Damage to skeletal muscle is relatively uncommon. Most toxicological problems of skeletal muscle result from actual denervation. A few myotoxic agents can cause severe muscle damage with rhabdomyolysis—clofibrate and related compounds, some of which are pesticides and organophosphates. Myotonic activity is caused by diazacholesterols and chlorophenoxyisobutyric acid based herbicides, and hypokalaemic paralysis by liquorice, diuretics, and alcohol abuse. Skeletal muscle regenerates rapidly following removal of the causative agent. The most serious acute clinical problem associated with rhabdomyolysis is the risk of acute renal failure.

Psychiatric and behavioural disorders

Patients complaining of neurotoxic syndromes frequently report that they are depressed, anxious, forgetful, or simply “not right”. In most cases, the psychiatric abnormalities are relatively mild, but major problems of dementia and a parkinsonism/dementia syndrome have been associated with aluminium toxicity, a cerebellar ataxia with dementia with lithium overdose, and severe psychotic disorders with lysergic acid diethylamide (LSD). It is probable that the psychiatric/psychological problems are often ignored and even trivialised so there is little reliable information on the diagnosis, management, and prognosis of mental health problems in such groups of people. More research is needed into both the acute and chronic effects of neurotoxic exposure on mental function. Guidelines for the psychiatric and psychological assessments are available.3


The potential health risks from exposure to toxic environmental agents is now a major public health issue, and the development of expertise and facilities for the investigation of neurotoxicity in man is of growing importance. The management of patients suffering from environmental neurotoxic poisoning is professionally immature and multidisciplinary groups will need to be formed to manage the most severely affected. More effort will have to be placed on the production of diagnostic indicators of neurotoxic syndromes using fast responding biomarkers. More attention is needed in two priority areas: the effect on the developing fetus and growing infant of long term exposure to low concentrations of environmental neurotoxins; and the long term health effects of acute severe poisoning in man.

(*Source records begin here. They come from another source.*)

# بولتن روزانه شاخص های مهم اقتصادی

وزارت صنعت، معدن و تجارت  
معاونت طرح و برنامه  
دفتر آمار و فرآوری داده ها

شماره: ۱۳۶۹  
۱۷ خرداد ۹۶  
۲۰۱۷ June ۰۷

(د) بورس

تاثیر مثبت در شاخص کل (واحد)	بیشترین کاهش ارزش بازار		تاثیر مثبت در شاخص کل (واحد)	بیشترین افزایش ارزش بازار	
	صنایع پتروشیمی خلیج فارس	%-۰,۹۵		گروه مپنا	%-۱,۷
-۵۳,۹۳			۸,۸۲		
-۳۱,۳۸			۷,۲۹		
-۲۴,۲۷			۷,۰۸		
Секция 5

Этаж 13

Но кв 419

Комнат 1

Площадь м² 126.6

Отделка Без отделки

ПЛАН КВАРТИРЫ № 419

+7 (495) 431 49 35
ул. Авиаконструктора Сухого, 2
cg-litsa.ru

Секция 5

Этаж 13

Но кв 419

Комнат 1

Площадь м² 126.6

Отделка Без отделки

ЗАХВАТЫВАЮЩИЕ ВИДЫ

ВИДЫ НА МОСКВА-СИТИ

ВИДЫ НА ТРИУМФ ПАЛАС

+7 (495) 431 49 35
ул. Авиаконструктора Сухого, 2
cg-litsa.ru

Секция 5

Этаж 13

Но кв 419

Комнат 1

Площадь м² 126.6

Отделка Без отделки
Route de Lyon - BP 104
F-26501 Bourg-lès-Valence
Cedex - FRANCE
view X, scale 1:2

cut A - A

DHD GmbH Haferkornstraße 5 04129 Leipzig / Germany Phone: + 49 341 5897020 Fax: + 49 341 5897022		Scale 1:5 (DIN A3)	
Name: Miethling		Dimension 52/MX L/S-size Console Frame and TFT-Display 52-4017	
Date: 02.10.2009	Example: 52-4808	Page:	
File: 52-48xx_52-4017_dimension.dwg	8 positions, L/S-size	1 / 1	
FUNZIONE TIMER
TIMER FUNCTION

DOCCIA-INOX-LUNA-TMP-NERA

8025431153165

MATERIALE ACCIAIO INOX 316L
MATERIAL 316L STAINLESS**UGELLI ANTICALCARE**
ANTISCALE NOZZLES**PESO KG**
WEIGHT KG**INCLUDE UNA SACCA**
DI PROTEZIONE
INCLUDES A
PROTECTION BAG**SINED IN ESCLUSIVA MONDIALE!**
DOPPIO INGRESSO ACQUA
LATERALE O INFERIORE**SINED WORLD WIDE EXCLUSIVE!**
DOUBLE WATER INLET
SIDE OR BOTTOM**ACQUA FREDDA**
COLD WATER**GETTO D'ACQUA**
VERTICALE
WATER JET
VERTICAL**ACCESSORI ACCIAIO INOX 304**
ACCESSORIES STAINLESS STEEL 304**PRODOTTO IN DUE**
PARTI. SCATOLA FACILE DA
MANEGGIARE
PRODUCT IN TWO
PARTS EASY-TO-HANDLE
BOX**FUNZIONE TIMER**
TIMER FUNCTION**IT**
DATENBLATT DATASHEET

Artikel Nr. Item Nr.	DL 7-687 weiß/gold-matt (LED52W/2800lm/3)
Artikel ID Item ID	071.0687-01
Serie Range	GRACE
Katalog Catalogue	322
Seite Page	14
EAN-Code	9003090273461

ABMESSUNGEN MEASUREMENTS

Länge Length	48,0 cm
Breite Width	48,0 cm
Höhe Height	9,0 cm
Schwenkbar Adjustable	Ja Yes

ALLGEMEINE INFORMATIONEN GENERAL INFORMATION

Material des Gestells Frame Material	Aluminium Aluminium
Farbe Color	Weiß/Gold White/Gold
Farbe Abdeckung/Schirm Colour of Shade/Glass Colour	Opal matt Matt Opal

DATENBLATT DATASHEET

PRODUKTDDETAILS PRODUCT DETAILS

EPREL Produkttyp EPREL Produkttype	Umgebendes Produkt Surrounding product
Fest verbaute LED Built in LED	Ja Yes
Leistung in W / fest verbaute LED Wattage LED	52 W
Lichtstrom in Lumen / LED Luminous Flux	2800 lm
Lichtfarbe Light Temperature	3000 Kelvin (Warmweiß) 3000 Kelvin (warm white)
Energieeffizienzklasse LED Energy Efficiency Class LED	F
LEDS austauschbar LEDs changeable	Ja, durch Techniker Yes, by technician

Specific research is also required to assess the continuing claims that potential neurotoxins do not have a “safe” limit because we know so little of possible toxic synergy with exposure to multiple toxins. It is essential that neurotoxicologists take seriously the genuine anxieties of farmers, war veterans, and similar groups who have experienced ill health apparently following low level exposures to neurotoxic compounds. It is also anticipated that major advances will be made into our understanding of the interaction between environmental agents and susceptibility factors in the development of neurodegenerative disorders such as Parkinson’s disease, motor neurone disease, and Alzheimer’s disease.